- **Aim of the exercise**
Pictures stay out; please output the remaining data exactly.

# # # # #

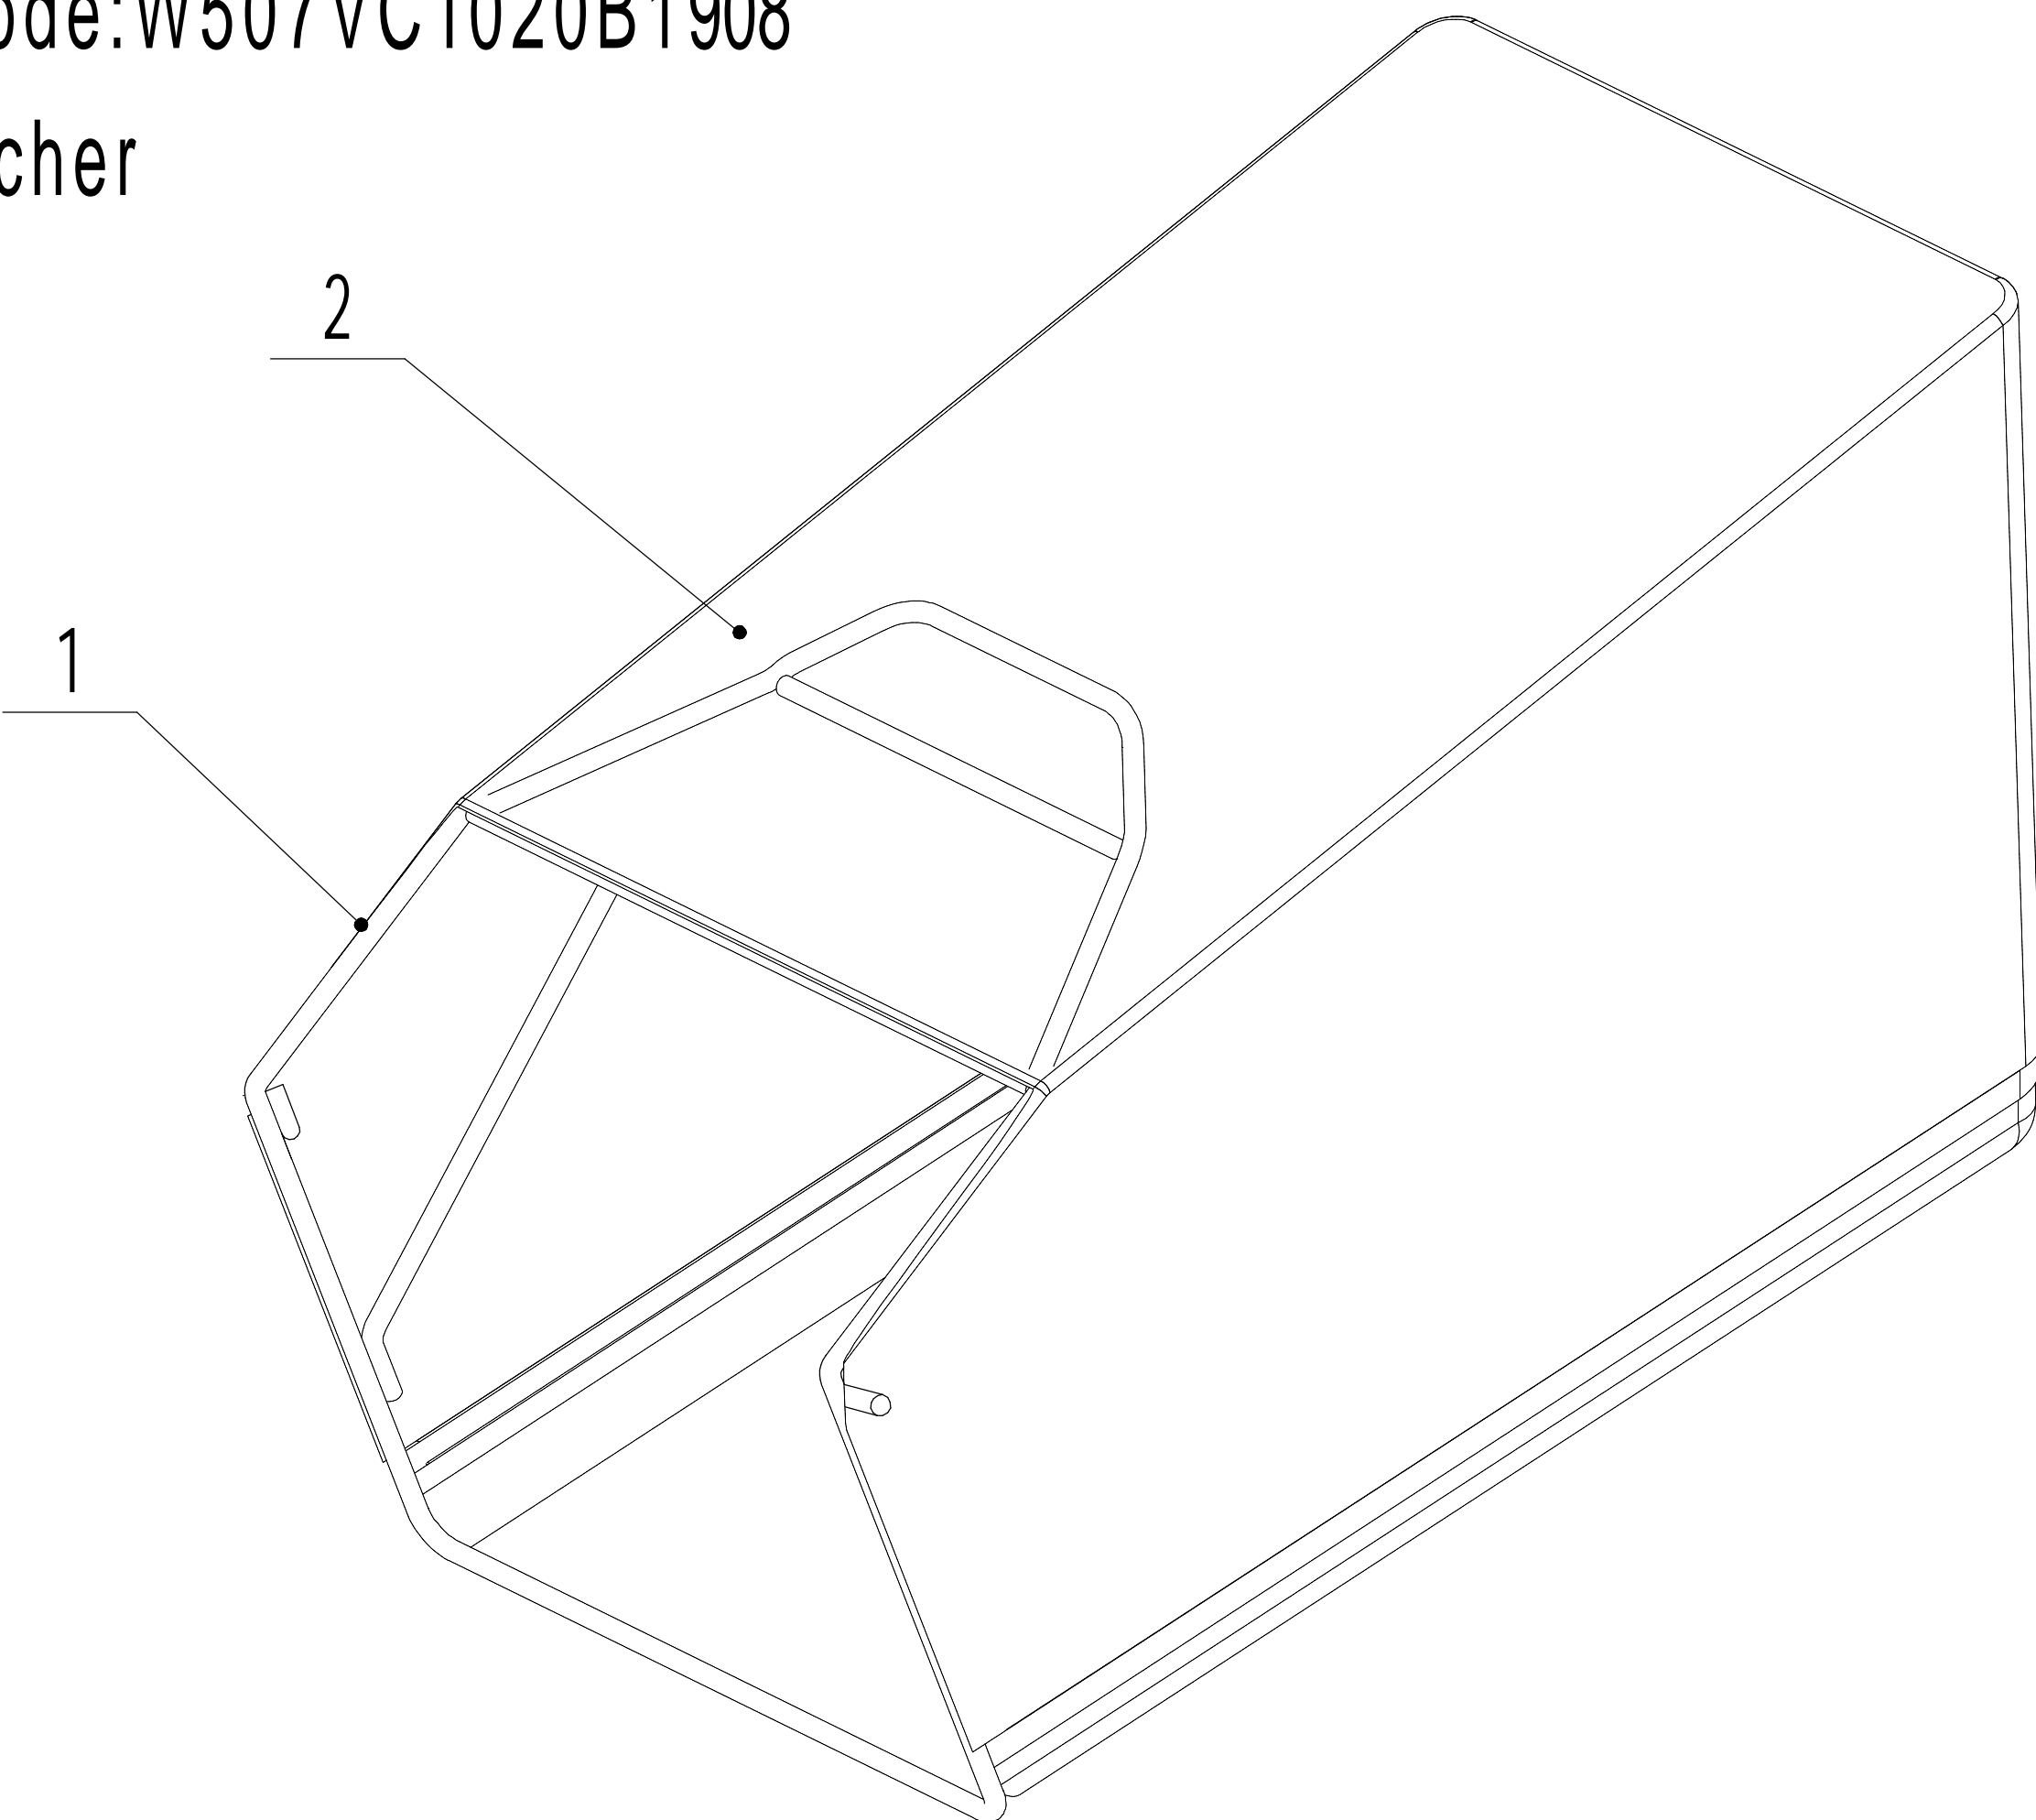

Model:WB507SCV-3IN1-SD

Service Code:W507VCT020B1908

Grass Catcher

Part 7- Grasscatcher Spare parts		

No.	ID Zboží	Název
1	5020602010S/22	Frame Weldment
2	5020603010S/84	Grass Bag

# # # # #

- **Response**
Model:WB507SCV-3IN1-SD

Service Code:W507VCT020B1908

Grass Catcher

Part 7- Grasscatcher Spare parts		

No.	ID Zboží	Název
1	5020602010S/22	Frame Weldment
2	5020603010S/84	Grass Bag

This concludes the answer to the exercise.